SpaceFarers Corporation envisions a theme park centered around a facility like Arizona’s Biosphere 2, remotely located on terrain of Mars-like appearance.
Obviously, success will require working with commercial and development interests to create a unifying theme. For a host of reasons, we will be retaining the original space exploration idea. Space colonies, after all, must be sustainable in the ecological sense. Air, water, and nutrients need to be recycled, just as they were during the original Biosphere experiments. The theme must influence not only the central campus, but the surrounding community that we plan to build. We have given much of the necessary thought to whom the new development will attract, and what sort of businesses those people might bring with them. We have also considered transportation infrastructure, which does not currently exist.
The Sonoran Desert is an extreme environment. In the summer, especially at sunset, the Santa Catalina Mountains have a distinctly Mars-like aspect. The planned development will use that. It will employ available technologies as we invent or test them to compensate for the heat, dryness, and isolation of the area, using those features to advantage for demonstration purposes. With care, the Casa del Oro region, including Oracle, can become a sort of desert experimental prototype community of tomorrow. The existing Biosphere 2 campus can serve as a centerpiece and landmark for the overall project.
Reducing operations at Biosphere 2 to a tax burden, as may happen under the current University of Arizona leadership, is not part of the plan.

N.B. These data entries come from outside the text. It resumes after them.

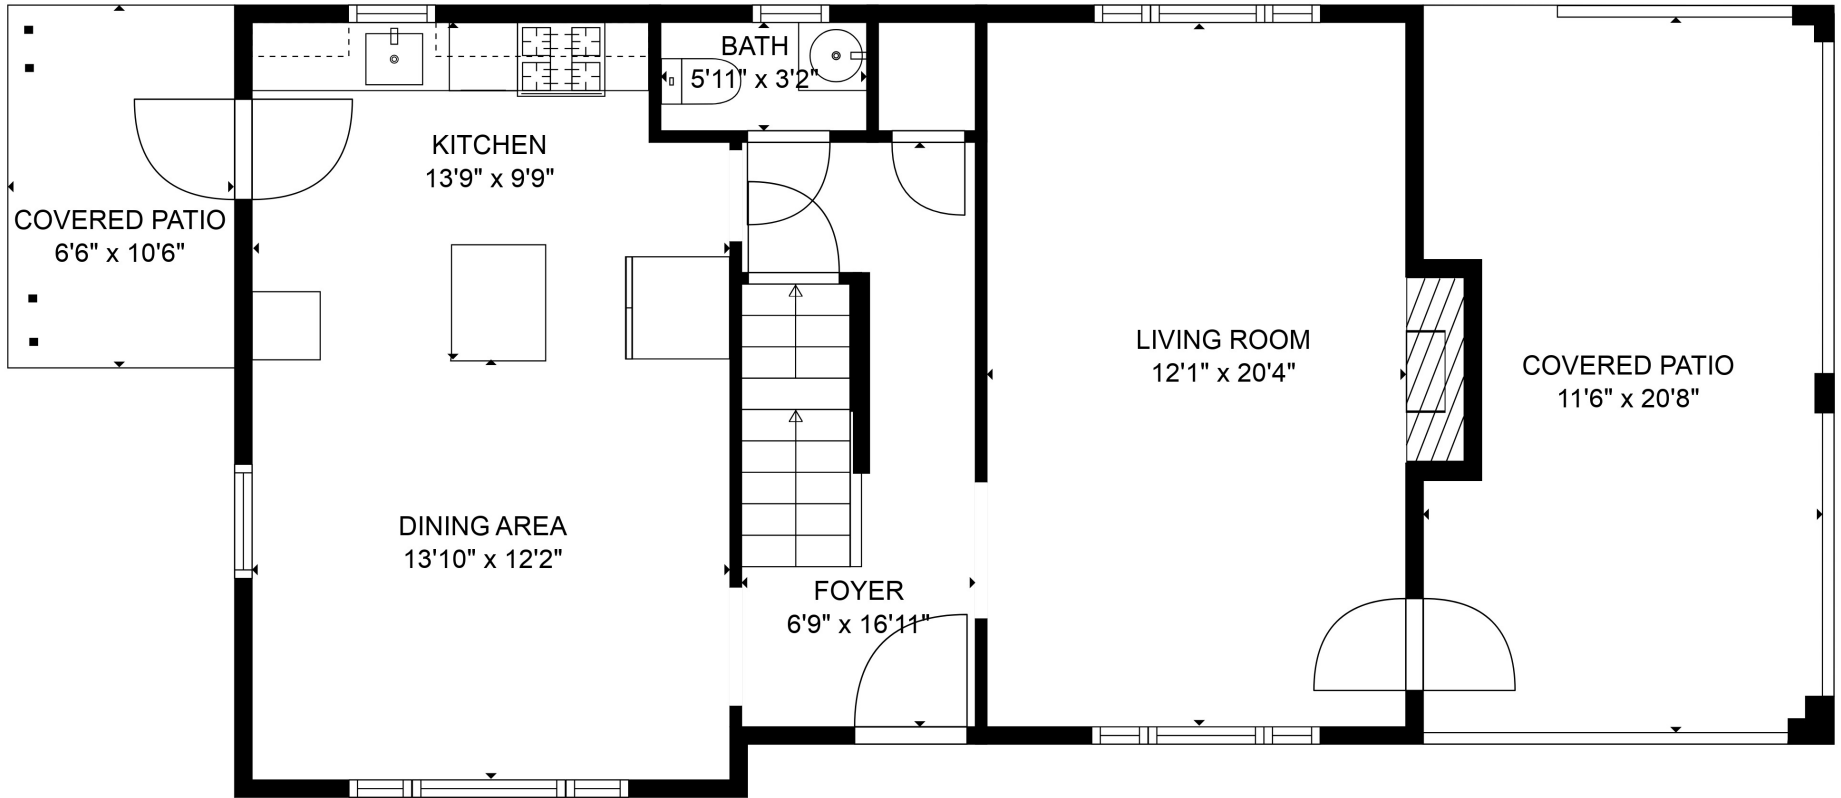

MEASUREMENTS ARE CALCULATED BY CUBICASA TECHNOLOGY. DEEMED HIGHLY RELIABLE BUT NOT GUARANTEED.

GROSS INTERNAL AREA

Below Ground: 403 sq. ft, FLOOR 2: 703 sq. ft, FLOOR 3: 687 sq. ft, FLOOR 4: 0 sq. ft  
 EXCLUDED AREAS: UNDEFINED: 445 sq. ft, GARAGE: 240 sq. ft, UTILITY: 245 sq. ft,  
 COVERED PATIO: 312 sq. ft, FIREPLACE: 6 sq. ft, ATTIC: 251 sq. ft  
 TOTAL: 1793 sq. ft
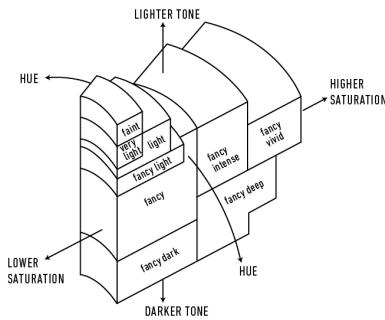

Carat Weight ..... 1.91 carat

Color Grade ..... Fancy Light Yellow

Color Origin ..... Natural

Color Distribution ..... Even

Clarity Grade ..... VS2

Proportions:

Profile not to actual proportions

Polish ..... Excellent

GIA COLORED DIAMOND SCALE

Illustration of GIA fancy color grade interrelationships

GIA CLARITY SCALE

FLAWLESS
INTERNALLY FLAWLESS
VVS <sub>1</sub>
VVS <sub>2</sub>
VS <sub>1</sub>
VS <sub>2</sub>
SI <sub>1</sub>
SI <sub>2</sub>
I <sub>1</sub>
I <sub>2</sub>
I <sub>3</sub>

CLARITY CHARACTERISTICS

KEY TO SYMBOLS\*

-  Feather
-  Cloud
-  Pinpoint

\* Red symbols denote internal characteristics (inclusions). Green or black symbols denote external characteristics (blemishes). Diagram is an approximate representation of the diamond, and symbols shown indicate type, position, and approximate size of clarity characteristics. All clarity characteristics may not be shown. Details of finish are not shown.
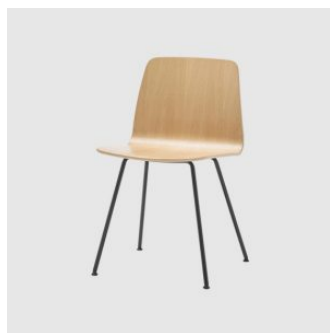

Varya Wood with Timber 4-Leg

INCLASS

DESIGN SIMON PENGELLY
INCLASS, SPAIN

The Varya Wood collection comprises an extensive range of chairs, armchairs and stools. The gently curved plywood shell is available in natural or stained timber veneer with the option of seat or front facing upholstery. The collection is generated by combining comfortable seats with alternating metal or timber bases.

Shell: Made from curved plywood, to selected finish

Upholstery: FR foam, fully upholstered, to selected finish

Base: Made from timber, to selected finish

Footrest: Made from 12mm solid steel rod, to Matt Chrome finish

Glides: Nylon glides

COLLECTION

Varya Wood 4-Leg
STACKING CHAIR
INCLASS

Varya Wood 4-Leg
CHAIR
INCLASS

Varya Wood 4-Leg
STOOL
INCLASS

Varya Wood 4-Way Swivel
MEETING CHAIR
INCLASS

Varya Wood 4-Way Swivel on Castors
MEETING CHAIR
INCLASS
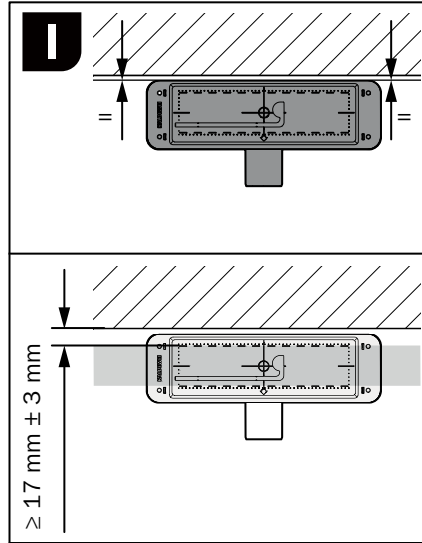

4204

DN40

FLOWLINE ZERO

FLOWPOINT ZERO

FLOWLINE ZERO

Inch = mm : 25,4

FLOWPOINT ZERO

Inch = mm : 25,4

DN50

Inch = mm : 25,4

DN40

B **i**

Inch = mm : 25,4

FLOWLINE ZERO

3.

Inch = mm : 25,4

FLOWPOINT ZERO

3.

Inch = mm : 25,4

4.

5.

6.

7.

A DN50
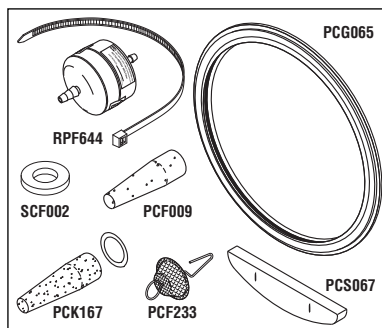

PM Kits to fit Pelton & Crane Delta AE8, XL8, Q8, AF10, XL10 & Q10

RPI Part #PCK231
OEM Part #1539241
(Door Gasket Only)
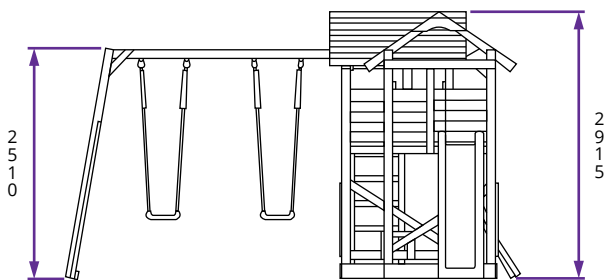

# MegaFort Mountain W7.1m x D4.9m

## Specification

- **External Width:** 7.13m (23' 4")
- **External Depth:** 4.92m (16' 1")
- **Overall Height:** 2.91m (9' 6")
- **Platform Width:** 1.06m (3' 5")
- **Platform Depth:** 1.20m (3' 11")
- **Platform Height From Ground:** 1.45m (4' 9")
- **Number of Children:** 10 Maximum at one time
- **Number of Children on Platform:** 2 Maximum at one time
- **Weight of Children:** 50kg Maximum
- **Suitable Age Range:** 3 - 14 Years Old
- **Main Timber:** 70mm x 70mm
- **Timber:** Pressure Treated
- **Independently Tested Safety Standard:** EN71
- **Safety Ground Anchors:** 8 included
- **Safety Ground Anchor Material:** Galvanised Steel
- **Safety Ground Anchor Length:** 530mm
- **Swings:** 2 Single Piece swings
- **Wrap Around Safety Swing Hooks:** 4
- **Slide Construction:** One Piece durable plastic
- **Climbing Wall:** Climbing Ladder
- **Monkey Bars:** Yes
- **Picnic Table:** Yes
- **Climbing Wall:** Wavy Climbing Wall
- **Climbing Wall:** Climbing Ladder
- **Bridge Link:** Yes
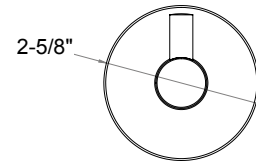

DELANEY®

900 SERIES

ROUND CONTEMPORARY BATHROOM ACCESSORIES

Rosette Size:

Towel Ring

Euro Paper Holder

Paper Holder

Towel Bar Set

Single Robe Hook

Pivot Paper Holder

NEW

Rod Paper Holder

CARTON QTY: 50 PCS

DESCRIPTION	WT/ LB		US26 Polished Chrome	US15 Satin Nickel	US4 Satin Brass	US19 Black	US12P Tuscany Bronze
Paper Holder (Metallic Plastic Roller)	48 Lbs	Item No.	598006	598008	598000	598004	598002
		List Price					
Pivot Paper Holder	48 Lbs	Item No.	598406	598408	598400	598404	598402
		List Price					
Rod Paper Holder	48 Lbs	Item No.	598706	598708	598700	598704	598702
		List Price					
Euro Paper Holder	40 Lbs	Item No.	598106	598108	598100	598104	598102
		List Price					
Towel Ring	37 Lbs	Item No.	598506	598508	598500	598504	598502
		List Price					
Single Robe Hook	20 Lbs	Item No.	598606	598608	598600	598604	598602
		List Price					
26" Towel Bar Set	42 Lbs	Item No.	598246	598248	598240	598244	598242
		List Price					
34" Towel Bar Set	64 Lbs	Item No.	598306	598308	598300	598304	598302
		List Price

What we envision is a community of exceptional architecture, built from and into the native rock of the Santa Catalina Mountains. Our plan is to build infrastructure to make the community as nearly self-sustaining as possible: Its own water system, highly efficient and fully recycling, with a waste treatment plant that can return a fraction of the effluent to potable condition, the remainder to be recycled for sanitation and irrigation. The community would have its own waste treatment and distributed power generation systems. Some of the dwellings could be capable of full closure for weeks at a time. The people who live in these houses will think about Mars, or, at any rate, some off-world adventure, every day. It will happen because of their neighbor.
At the center of the community will stand a galactic-themed retail and performance venue inside a ring wall with at least the appearance of native rock. “Sails” of flexible solar cells, visible even above the ring wall, would provide a portion of the electrical power requirements of the park, while microturbines running on methane from the septic decomposition of organic waste in fast bioreactors would supply the rest. Nothing unusual, or rare, or priceless in its culinary and artistic qualities would be in short supply inside. Even the technologies that run the place would be for sale. The streets would be populated with performers, some strangely dressed, some entirely alien in appearance, there to catalyze the fun. No few guests will join in the masquerade, exactly as they do at Renaissance fairs. Here, however, they look forward and outward rather than backward. Biosphere 2 makes the perfect centerpiece and icon for the evolving prototype community in the terran desert. It would be closed for research, with the exception that tours could be routed through it, perhaps within transparent tubes. Uniformed crews who pay $10,000 a week to be there, as if at the Biltmore Hotel, and then have to qualify intellectually and physically on top of that, would monitor the environment, evaluate technologies for use in space habitats, and maintain the one-of-a kind apparatus for the entertainment and illumination of visitors in person and online.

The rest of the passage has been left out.